The recent advances in AI and Machine Learning open up enormous possibilities for the observability sector. Observability backends ingest vast amounts of telemetry and therefore have an ocean of raw data to mine for rich analytics and diagnostics. In addition to this, LLM's themselves have become a first class IT citizen in many organisations and are therefore also a subject for observability. Indeed, OpenTelemetry have now released a set of semantic conventions for working with Generative AI.
Observability is one of the most dynamic and competitive sectors in the IT industry and it is no surprise that vendors have begun to incorporate AI features into their platforms. It goes without saying that AI is a broad term and is used in different ways - it is generally used to cover both machine learning as well as generative AI. In this article we will briefly survey a number of leading platforms and products in the observability market and look at some of the ways they have incorporated AI capabilities into their products.
IBM has a long and illustrious track record in the fields of AI and Machine Learning - including the 1997 victory of Deep Blue over chess grandmaster Gary Kasparov and IBM Watson’s winning turn on the US TV quiz Jeopardy in 2011. Watson has now been superseded by WatsonX, and this is the engine which powers the Intelligent Remediation feature in IBM’s Instana observability platform. Intelligent Remediation is a preview technology which continuously monitors a system for faults and anomalies. As well as drawing upon system telemetry, it also uses expert knowledge for causal analysis and then suggests remediations. The remediations can be implemented using pre-built actions selected from a catalogue. As well as the Remediation feature, Instana also has AI-driven capabilities for summarising, diagnostics and making recommendations.
Logz.Io is a popular full-stack observability platform built on top of open source technologies such as OpenSearch, Prometheus and Jaeger. Whilst their platform has been equipped with AI tooling for some time, the company are circumspect in not overplaying the current capabilities of AI. Whilst they recognise that AI can assist in areas such as reducing noise and summarising incidents, they do not make any claims in terms of causal analysis or remediation. You can learn more on the company’s AI posture from this really illuminating webinar.
The Logz.Io platform ships with an Observability IQ Assistant, which harnesses AI to support natural language querying and chat-based analytics on your telemetry data. The most powerful AI feature in the Logz.Io platform though, is probably the Anomaly Detection tooling that is integrated into the App 360 module. One problem with anomaly detection is that it is not business-aware, and, if not applied carefully, it may end up creating yet more alert fatigue. To combat this, Logz.io Anomaly Detection allows users to target critical services and take a more SLO-driven approach.

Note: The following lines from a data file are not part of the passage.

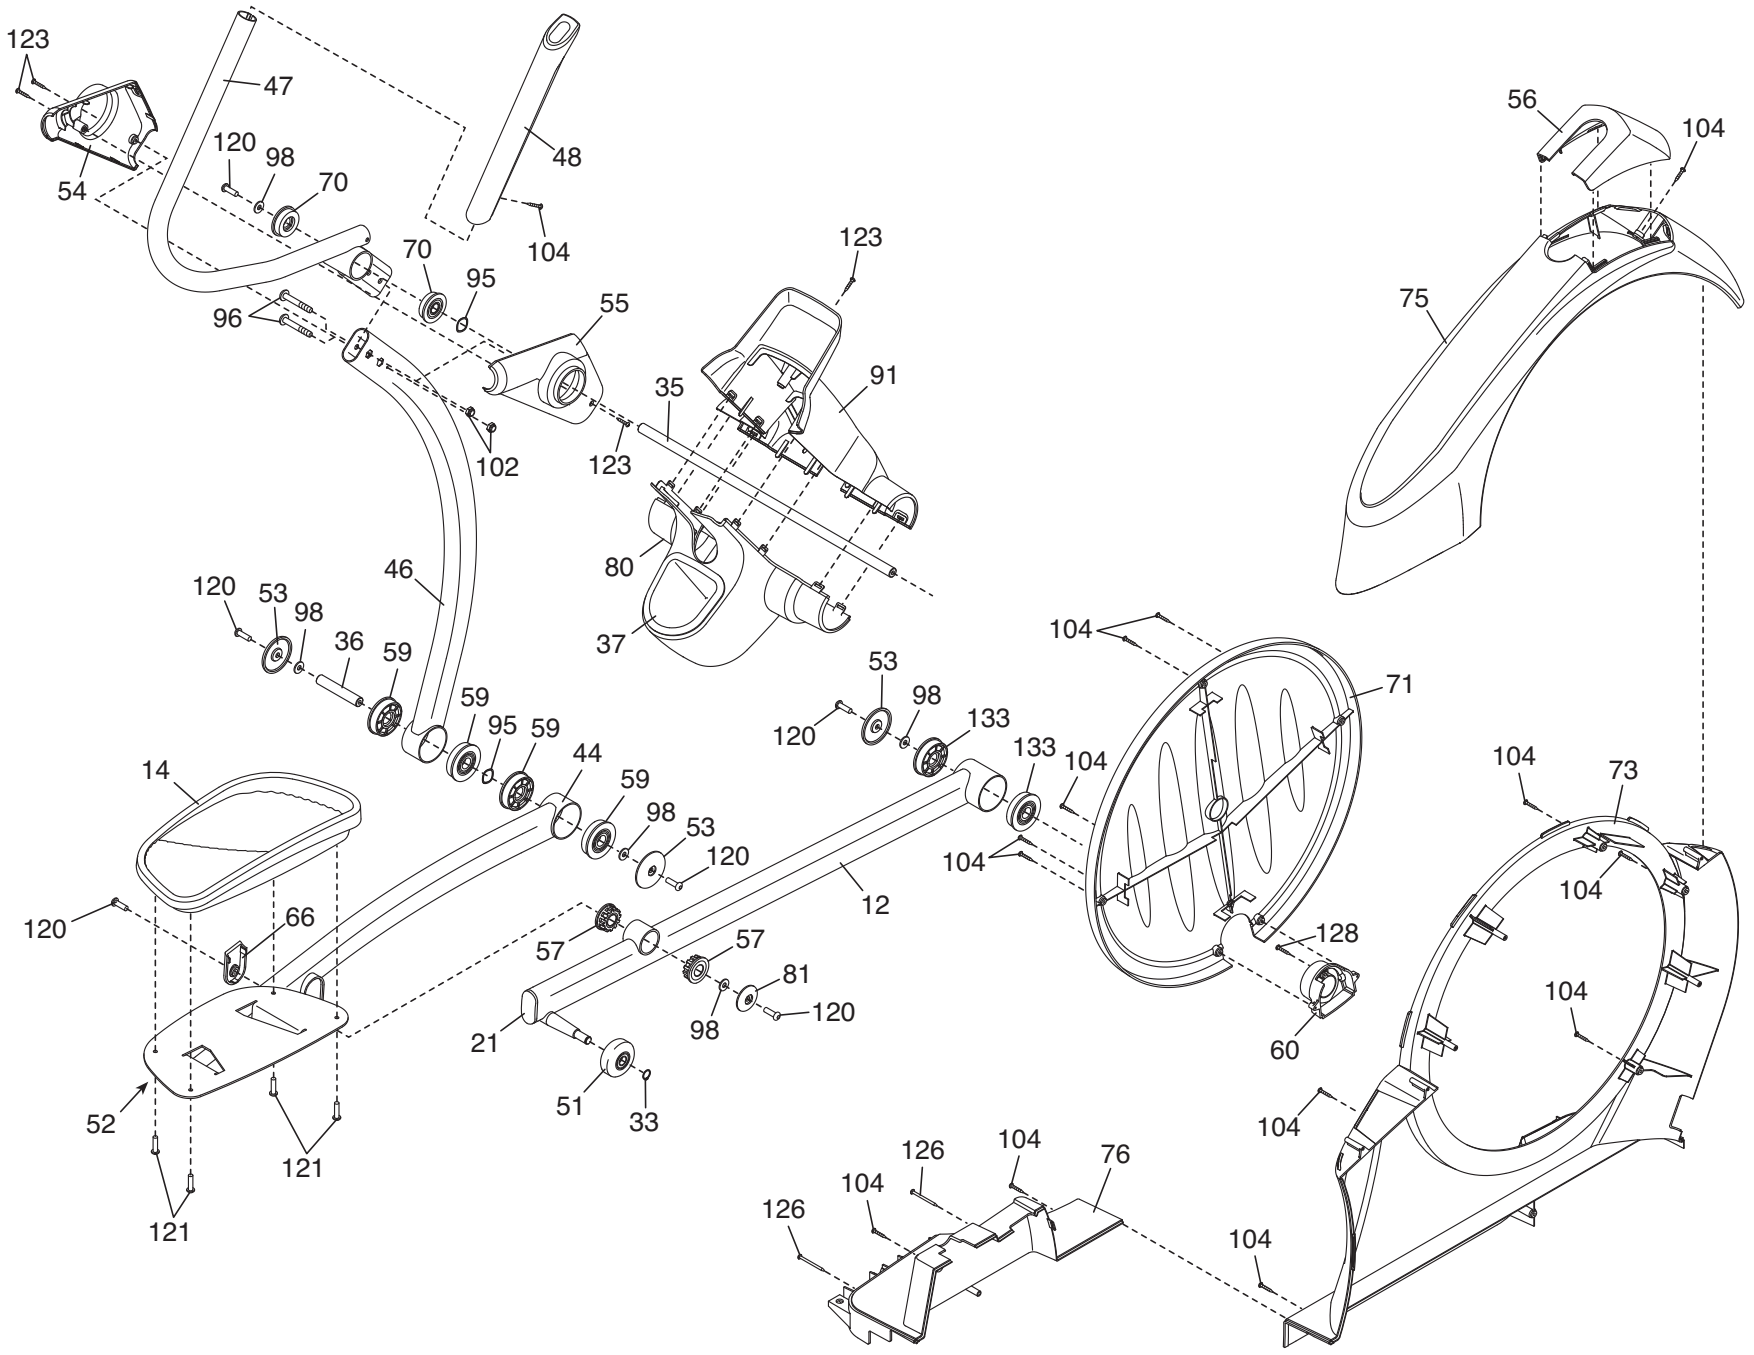

EXPLODED DRAWING A

Model No. NTEL01310.3 R0811A

33
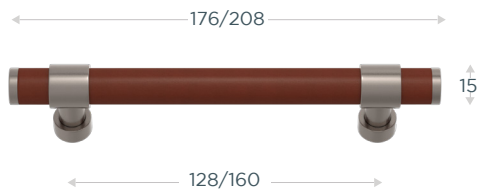

The contemporary over hang grip design, with stepped shaft has been so popular with Turnstyle clients that they have decided to extend the range extensively. The new door lever grip is scaled down overall with a 22mm diameter, set on a very elegant new "flat" rose and is available in Leather, Solid and Hammered brass as well as some Amalfine™ designs, Wire, Woven, Shagreen and Barrel.

Projection: 35mm

Labyrinth - B7521

Projection: 35mm

NAME	CODE	CENTRE (mm)	LENGTH (mm)	PROJECTION (mm)	WIDTH (mm)
BARREL	B5231	128	176	35	15
BARREL	B5231	160	208	35	15
SHAGREEN	B5001	128	176	35	15
SHAGREEN	B5001	160	208	35	15
WIRE	B5440	128	176	35	15
WIRE	B5440	160	208	35	15
WOVEN	B5698	128	176	35	15
WOVEN	B5698	160	208	35	15
LABYRINTH	B7521	128	176	35	15
LABYRINTH	B7521	160	208	35	15

AMALFINE™ FINISHES

METAL FINISHES

SOLID AND HAMMERED

Barrel - BS5599

Projection: 35mm

Barrel - BH5599

Projection: 35mm

LEATHER

Barrel - BL8080

Projection: 35mm

NAME	CODE	CENTRE (mm)	LENGTH (mm)	PROJECTION (mm)	WIDTH (mm)
BARREL SOLID	BS5599	128	176	35	15
BARREL SOLID	BS5599	160	208	35	15
BARREL SOLID HAMMERED	BH5599	128	176	35	15
BARREL SOLID HAMMERED	BH5599	160	208	35	15
BARREL RECESS LEATHER	BL8080	128	176	35	15
BARREL RECESS LEATHER	BL8080	160	208	35	15
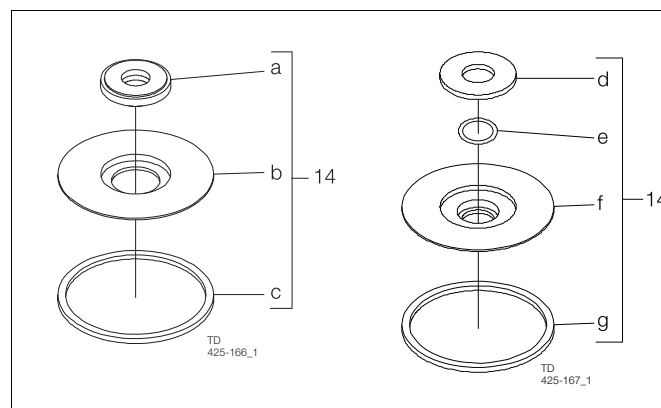

Not manufactured anymore

Alternatives stem seal

Parts for FEP seal

Actuator

Pos	Qty	Denomination	DN 50 51 mm	DN 65 63.5 mm	76 mm	DN 80	DN 100 101.6 mm
		Actuator, -1, complete					
		Actuator, -2, complete					
		Actuator, -3, complete					
1	1	Cap	3180105256	3180105255	3180105255	3180105255	3180105255
2	□ 2	O-ring					
3	1	Cylinder					
4	□ 1	Lock wire					
5	□ 1	O-ring					
6	1	Piston		9612123001	9612123001	9612123001	9612123001
7	□ 1	O-ring					
9*	2	Plug					
10*	1	Spring assembly	9612124601	9612122901	9612122901	9612122901	9612122901
11	□ 1	Clip, compl	3135307931	3135307932	3135307932	3135307932	3135307932

* Only for actuator -1 and -2.

Valve body part

Pos	Qty	Denomination	DN 50 51 mm	DN 65 63.5 mm	76 mm	DN 80	DN 100 101.6 mm
Stem seal							
14	♦ 1	Lip seal, EPDM (standard)					
	1	Lip seal, NBR					
	1	Lip seal, FPM					
Clamp							
15a+b	1	Clamps and screws (period 9209-)	3132000271	3132000271	3132000272	3132000272	3132000272
15a	2	Clamp half (period -9209)					
15b	2	Screw (period -9209)					
Valve body							
18	1	Valve body, 2 ports ISO	3135303761	3135303801	3135303811		3135300261
	1	Valve body, 2 ports DIN	9612094101	9612094201		9612094301	9612094401
	1	Valve body, 3 ports ISO	3135303766	3135303806	3135303816		3135300266
	1	Valve body, 3 ports DIN	9612094102	9612094202		9612094302	9612094402
Valve plug							
	1	Plug, single,complete NBR	9612125504	9612125404	9612125304	9612125308	9612125204
	1	Plug, single,complete FPM				9612125309	
19a	1	Stem					9612125602
19e	♦○ 1	Plug seal, EPDM (standard)					
	1	Plug seal, NBR					
	1	Plug seal, FPM					
	1	Plug seal, PTFE					
19f	1	Washer	3135303581	3135303591	3135303601	3135303602	3135303611
19g	♦○ 1	O-ring, EPDM (standard)					
	1	O-ring, NBR					
	1	O-ring, FPM					
	1	O-ring, PTFE					
19h	1	Screw	3135303621	3135303621	3135303621	3135303621	3135303621
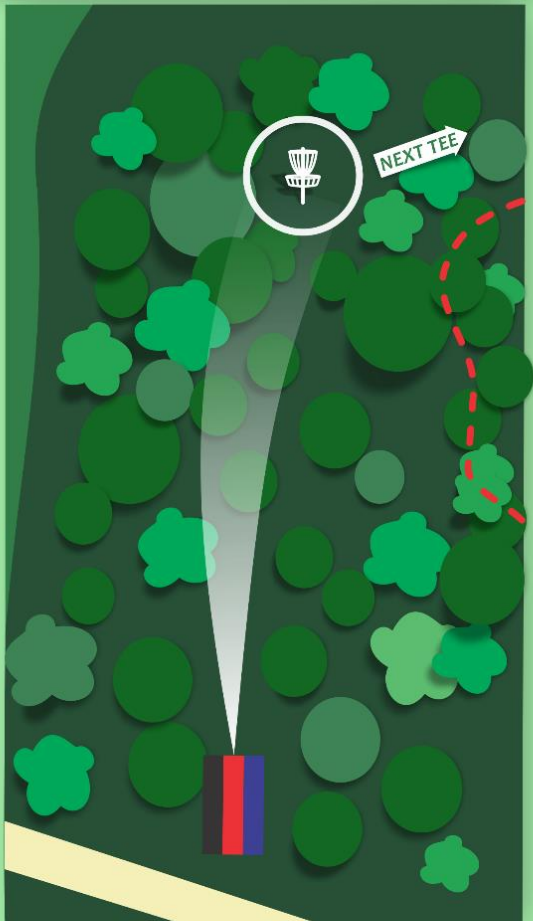

There are a number of options, although some recent (post cyclone) trimming has ensured the straight low arch shot is probably your best choice.

Out of bounds comes up quickly right and long as the terrain slopes in that direction.

This is the men's CTP hole for the event (all 3 days) – prize provided by discgolfwordsofwisdom.com

2023 NORTH ISLAND CHAMPS SPA PARK

17

GROUP 1
PAR 3
58m

GROUP 2
PAR 3
58m

GROUP 3
PAR 3
58m

ALL GROUPS:

- **PLAY FROM THE SAME TEE**
- **OB MARKED BY RED FLAGS**
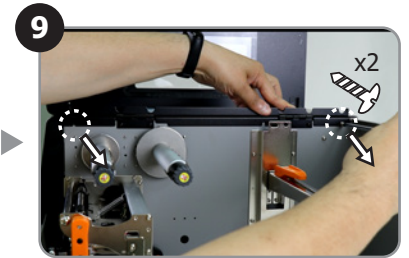

로터리 커터 빠른 설치 가이드

Snelle installatiehandleiding rolmes

Skrócona instrukcja montażu gilotyny rotacyjnej

Инструкция по установке дискового резака

Revision Date : Oct. 2019

Note:

*DO NOT cut on media with glue. For more details, please refer to the cutter specification in the user's manual.

<http://www.argo.com>

<https://www.youtube.com/user/argoxmkt>

[email:service@argox.com](mailto:service@argox.com)

Copyright © 2019. Argox Information Co., Ltd. All Rights Reserved.

START

※ Peeler cable also goes through this hole
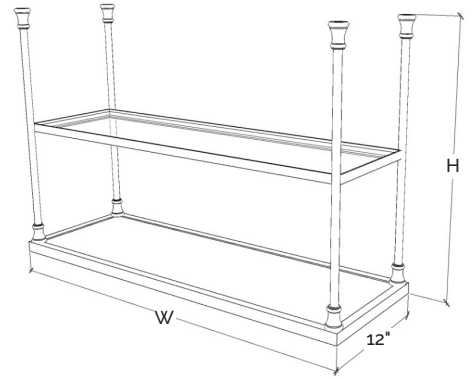

CEILING MOUNT SHELF

Base Shelf: Metal

Upper Shelving: Tempered Glass

Shelf spacing is divided equally.

Ceiling extensions offered in 12", 24", 36", 48".

Reduced depths available at 10% upcharge.

Metal Finish Options: White, Gunmetal Black, Gold, Nickel, Raw Steel, Cobalt, Urbane Bronze, Aegean Teal
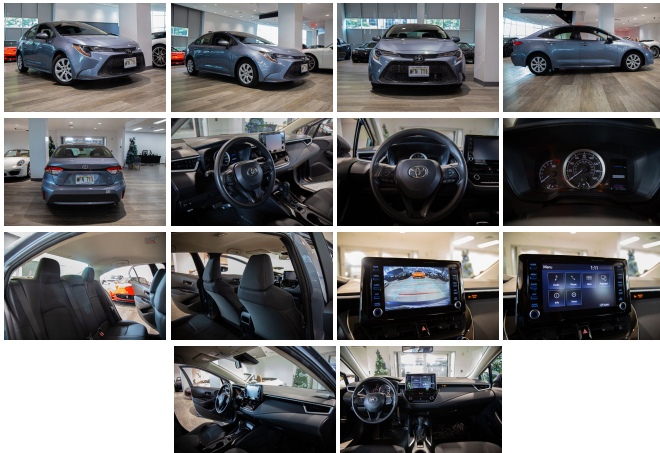

2022 Toyota Corolla LE

View this car on our website at autosourcehawaii.com/7271924/ebrochure

Our Price **\$24,995**

Retail Value **\$26,995**

Specifications:

Year:	2022
VIN:	JTDEPMAE4NJ207771
Make:	Toyota
Stock:	NJ207771
Model/Trim:	Corolla LE
Condition:	Pre-Owned
Body:	Sedan
Exterior:	Ruby Flare Pearl
Engine:	1.8L I4 139hp 126ft. lbs.
Interior:	Black
Transmission:	CVT
Mileage:	28,808
Drivetrain:	Front Wheel Drive
Economy:	City 30 / Highway 38

Step into the future of driving with the sleek and sophisticated 2022 Toyota Corolla LE, a vehicle that doesn't just meet expectations but exceeds them in every imaginable way. With its dynamic 1.8L I4 engine, producing a robust 139 horsepower and 126 ft-lbs of torque, you'll experience a ride that's as smooth as it is efficient. Coupled with a state-of-the-art Continuously Variable Transmission (CVT), the Corolla LE offers seamless acceleration and optimal fuel economy, ensuring that every journey is as enjoyable as it is eco-friendly.

But the allure of the Corolla LE doesn't stop under the hood. Its stunning exterior, adorned with LED daytime running lights, mirrors, and front bumper color-matched to the body, exudes elegance and modernity. The Corolla LE isn't just a car; it's a statement on wheels that tells the world you're going places with style and grace.

marvel is the 8-inch infotainment screen, complemented by 6 speakers with speed-sensitive volume control and a Radio Data System. Enjoy your favorite tunes, podcasts, and radio stations with crystal-clear sound quality, thanks to SiriusXM satellite radio.
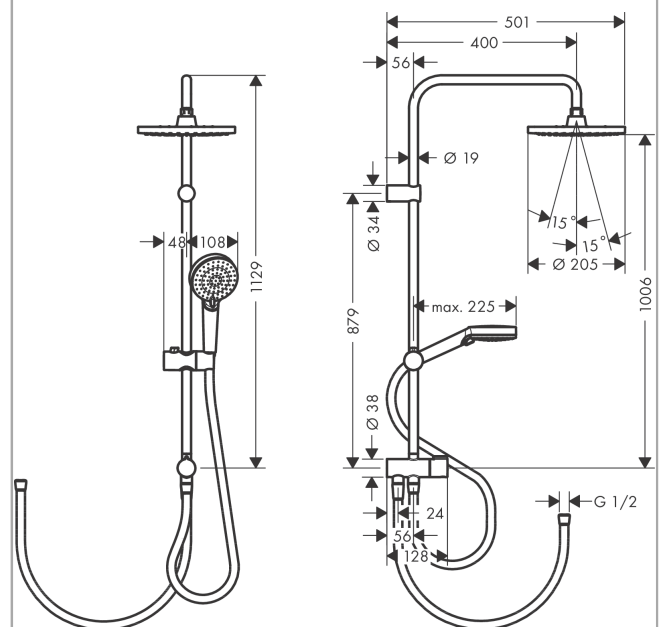

Vernis Blend

Showerpipe 200 1jet Reno

Surfaces: **Chrome** Article Number: **26272000**

Description

product features

- consists of: overhead shower, hand shower, shower hose, hand shower holder
- overhead shower Vernis Blend 200 1jet
- shower head size overhead shower: 205 mm
- spray type overhead shower: Rain
- ball-joint: overhead shower angle adjustable
- spray type hand shower: Rain, IntenseRain
- simultaneous utilization of 2 functions
- maximum flow rate at 3 bar: 14,6 l/min
- minimum flow pressure: 1 bar
- operating pressure: min. 1 bar/max. 10 bar
- mounting type: exposed installation
- shower bar diameter: 19 mm
- height-adjustable slider with locking push-button slider
- shower arm length: 400 mm
- water connection: Metaflex shower hose 80 cm and 160 cm
- connection dimension: DN15
- connection thread G 1/2

Technology

Product image

Scale drawing

Vernis Blend

Showerpipe 200 1jet Reno

Surfaces: **Chrome** Article Number: **26272000**

Flowchart
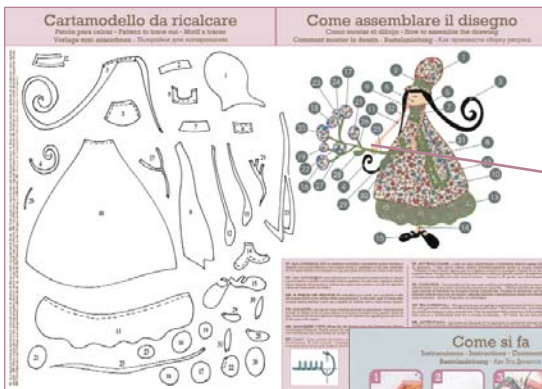

Kit Découpatchwork

Kits Découpatchwork

Découpatchwork Kits

Contiene - Contenido - Content

Cartamodello
Patrone
Paper model
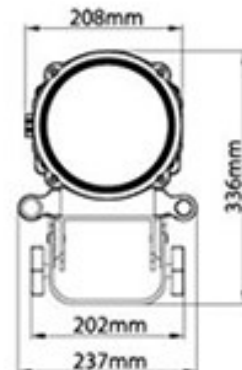

LED Arts

600w LED Follow Spot

LED Arts 600 watt LED Follow Spot is a new generation of follow spots bring together all the advances of the last 20 years. Very high output similar to current 1200w Arc lamps but with the long life, consistent output and cool running of a LED, Combined with the convenience of digital control.

Light and power supply system			
Voltage	AC110V~240V/50-60Hz	Average lifespan	50,000 hours +
Power	680W	Control	DMX 512 3 Pin
Lamp	600W white LED	Colour temp.	7000 – 7500K LED
Colour/Pattern/Effect			
Colour	7 colour + white	Iris	Linear adjustment - DMX
CTO	3200K + 4500K + 5600K	Strobe	0 – 20 Flashes per second—DMX
Dimmer	linear adjustment - DMX	Beam angle	7 - 13 degrees - Manual
Focus	linear adjustment - Manual	Channels	5ch. DMX and onboard control
Construction			
IP Rating	IP20	Weight	17.4 Kg
Size	1190 x 370 x 395mm	Structure	Aluminium

		DMX CONTROL CHANNEL	
1	Dimmer intensity 调光	000-007	008-255
2	Strobe 频闪	000	255
3	Iris 光圈	000	255
4	Colour wheel 色盘	000	255
5	Color temperature wheel 色温盘	000	255

Suitable for 20m. to 50m. throw
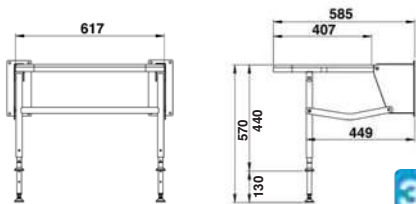

DUO 2 in 1 shower seat

**190kg**  
(30 STONE)  
LOAD CAPACITY

Ropox shower seat with leg

**200kg**  
(30 STONE)  
LOAD CAPACITY

Bariatric shower seat

**350kg**  
(50 STONE)  
LOAD CAPACITY

Bariatric shower seat with back & arms

**298kg**  
(47 STONE)  
ARM CAPACITY

**350kg**  
(50 STONE)  
LOAD CAPACITY

DUO 2 in 1 shower seat

**1 YEAR**  
GUARANTEE

Ropox shower seat with leg

**2 YEAR**  
GUARANTEE

Bariatric shower seat

**3 YEAR**  
GUARANTEE

## ROPOX SHOWER SEAT WITH LEG

- Easy to grasp edge assists with transfer & folds up against the wall when not in use.
- The seats material, polyurethane, is hard wearing & insulating.
- Can be mounted for sitting heights between 420mm to 540mm.

## BARIATRIC EXTRA WIDE SHOWER SEATS

- Provides the best possible comfort for larger users & folds against the wall when not in use.
- Leg adjustment for precision fitting from 440mm - 560mm,
- Seats tested to withstand up to **55 stone**, armrests **47 stone**.
- Manufactured from heavy duty anodised aluminium, powder coated white.
- Seat with back & arms has independent folding, padded armrests for side transfer & is suitable for a shower tray / shower area **750mm** wide or over.
- Quality tested to comply with BS:EN12182:1999 & MDA/2003/029.

The ELK Stack has been at the forefront of the log aggregation and analytics space for many years. Despite controversies over licensing, Elastic is still a hugely popular and influential product. Highly powerful search capabilities are at the core of its product offering and it is no surprise that this is a domain where Elastic seeks to differentiate itself from other platforms in terms of its AI tooling. It seems though, that Elastic’s ambitions extend far beyond log searching and it is positioning itself as a first-choice platform for advanced corporate data analytics.
The centrepiece of this vision is the Search AI Lake, which incorporates RAG, search and security functions and is built on a cloud-native architecture. The company claims that this enables search over vast volumes of data at high speed and low cost. A quick glance at Elastic's latest financial report really highlights the strategic importance of AI to the company. Pretty much every item listed in the Product Innovations and Updates section is AI-related. Search is obviously an area with great potential for AI and other vendors such as AWS have also incorporated AI into their search functionality. At the moment, this technology is still at the experimental stage, but when it matures natural language search over telemetry data will be a huge win for making observability systems accessible and of value across the enterprise.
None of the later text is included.